Over 90% of top European banks are experiencing ‘very strong’ growth in the demand for supply chain finance (SCF) solutions, with some reporting a doubling of volumes in the last two years. According to research by Demica, the financial markets crisis has been a significant driver for SCF as corporates and their banks sought to free up cash flow in the supply chain, while also reducing risk. European bankers also envisage further strong growth in SCF driven by awareness of, and demand for, SCF programmes among larger corporates.
SCF programmes enable large buyer organisations to extend their payment periods, while allowing their suppliers to be paid more quickly.

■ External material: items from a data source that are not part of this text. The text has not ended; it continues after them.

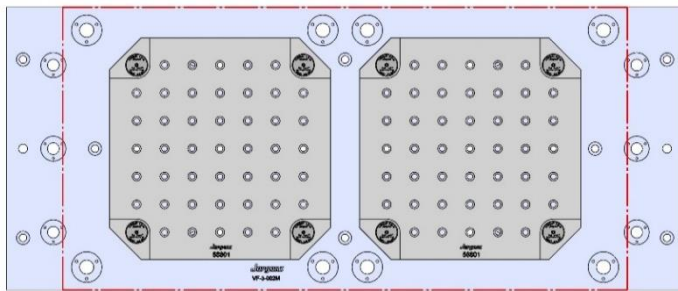

58801 Steel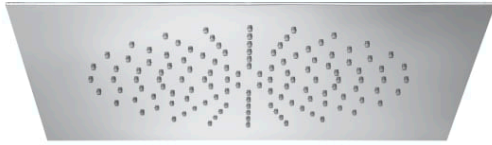

RAINDREAM

Rociador de techo empotrable de acero inoxidable cromado

PVPR (IVA INCLUIDO)

550,55 €

DIBUJOS TÉCNICOS

CARACTERÍSTICAS

Rociador de techo empotrable de acero inoxidable cromado. Función Rain (lluvia).

Acabado: Cromado

Anchura del rociador (mm): 350

Forma del rociador: Cuadrado

Instalación del brazo: A techo

Longitud del rociador (mm): 350

Número de funciones: 1

Número de salidas de agua: 1

Publication Status

EasyClean®

Tipo de funciones

Tipo de funciones: Rain

## Raindream

Gama premium de rociadores de ducha metálicos extraplanos para techo o pared. Incorpora el sistema Easyclean para una fácil limpieza de los residuos calcáreos.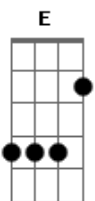

ukulele-chords.com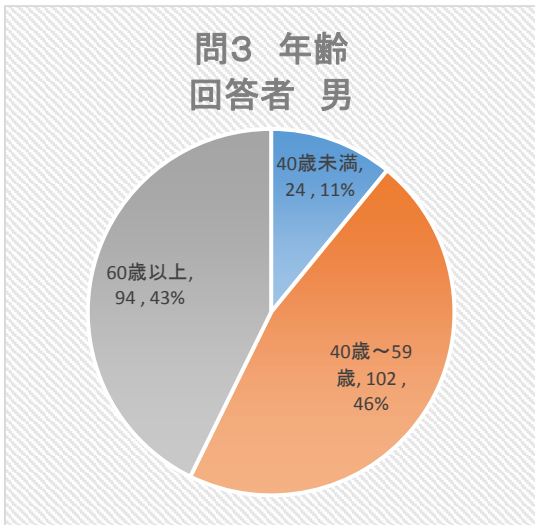

平成29年度「生衛業アンケート調査」

調査に協力いただいた方(調査員)

調査に協力いただいた方(調査員)

業種	人数
理容	19
美容	4
クリーニング	3
浴場	7
すし	2
料理	7
社交	5
計	47

調査員業種ごとの調査数と回答数

調査員業種ごとの調査数と回答数

業種	調査数	回答数	回答率
理容	186	156	84%
美容	42	40	95%
クリーニング	28	23	82%
浴場	49	35	71%
すし	20	19	95%
料理	43	42	98%
社交	53	35	66%
計	421	350	83%

平成29年度「生衛業アンケート調査」

業種	男	女	計
理容	105	33	138
美容	10	35	45
クリーニング	12	3	15
旅館ホ	2	2	4
浴場	4	1	5
すし	29	0	29
食肉	9	1	10
料理	35	16	51
社交	14	39	53
計	220	130	350

平成29年度「生衛業アンケート調査」

問3 年齢(回答者 全体)

業種	40歳未満	40歳～59歳	60歳以上	計
理容	11	62	65	138
美容	5	27	13	45
クリーニング	1	6	8	15
旅館ホ	0	2	2	4
浴場	0	2	3	5
すし	3	14	12	29
食肉	0	4	6	10
料理	10	23	18	51
社交	13	22	18	53
計	43	162	145	350

問3 年齢(回答者 男)

業種	40歳未満	40歳～59歳	60歳以上	計
理容	9	49	47	105
美容	2	7	1	10
クリーニング	0	4	8	12
旅館ホ	0	2	0	2
浴場	0	2	2	4
すし	3	14	12	29
食肉	0	4	5	9
料理	7	16	12	35
社交	3	4	7	14
計	24	102	94	220

問3 年齢(回答者 女)

業種	40歳未満	40歳～59歳	60歳以上	計
理容	2	13	18	33
美容	3	20	12	35
クリーニング	1	2	0	3
旅館ホ	0	0	2	2
浴場	0	0	1	1
すし	0	0	0	0
食肉	0	0	1	1
料理	3	7	6	16
社交	10	18	11	39
計	19	60	51	130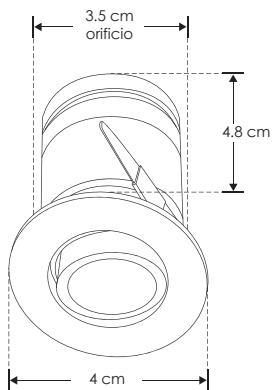

EMPOTRAR / TECHO

LINEA PROFESIONAL

ILUSPOTN5WWW

[Acabado negro
(Blanco cálido)]

ILUSPOTN5WNW

[Acabado negro
(Blanco neutro)]

Material	Aluminio acabado negro
Lámpara	Luminario de empotrar en techo
Ángulo de apertura	15°
Color de luz	Blanco cálido / Blanco neutro
Alimentación	85 - 265 V ca
Potencia	5 W

NOTA: Ángulo de luz concentrado 15°.

NOM

CRI
90

3-4
step
MACADAM

3 000 K
Blanco cálido

FL 400
lúmenes
Blanco cálido

4 100 K
Blanco neutro

FL 425
lúmenes
Blanco neutro

Suppliers can take advantage of the credit ratings of their debtors to secure funding priced against the debtors’ credit profile, and are therefore able to obtain early payment services from the programme financier at highly advantageous rates of interest.
The Demica research report also shows that key attractions of SCF programmes are:
- Improved cash flow management.
- Reduced risk (especially of essential supplier failure) in the supply chain.
- Improved transparency of transactions between suppliers and buyers.
Some respondents reported that suppliers are saving 3-4 percentage points on their cost of borrowing by participating in SCF programmes.
Other findings from the report show European banks envisaging growth in the SCF market replacing the decline in letter of credit (LC) business. As a result, over 80% of top European banks are putting major marketing efforts behind their SCF offerings, with some finding that when SCF programmes are implemented with clients, these implementations also open the door for a raft of other financial products which the bank can provide.
Phillip Kerle, Demica chief executive officer (CEO), said: “The last few years have seen SCF programmes grow from a product to a market in the eyes of corporates and their Tier1 banks. Our banking respondents see demand for SCF programmes coming principally from the manufacturing, retail, automotive, mechanical engineering and food production industries. However, more modest demand levels are also expected from sectors such as pharmaceuticals, technology and telecoms.
“As the physical supply chain has run out of steam in terms of its potential for further efficiency gains, the notion of the financial supply chain has rapidly gained attention from directors and financiers. The result is that some financiers are experiencing quite phenomenal rates of growth. As the global economy builds up a new head of steam, SMEs [small and medium-sized enterprises] – who make up the larger part of many essential supply chains – desperately need access to reasonably priced finance, but are currently unable to do so in their own right. By joining a SCF programme, their cashflow can be eased through access to credit that is secured on their large corporate customer’s credit rating – an extremely attractive proposition in the current tight lending market. No wonder, therefore, that financiers are reporting such interest in SCF,” he added.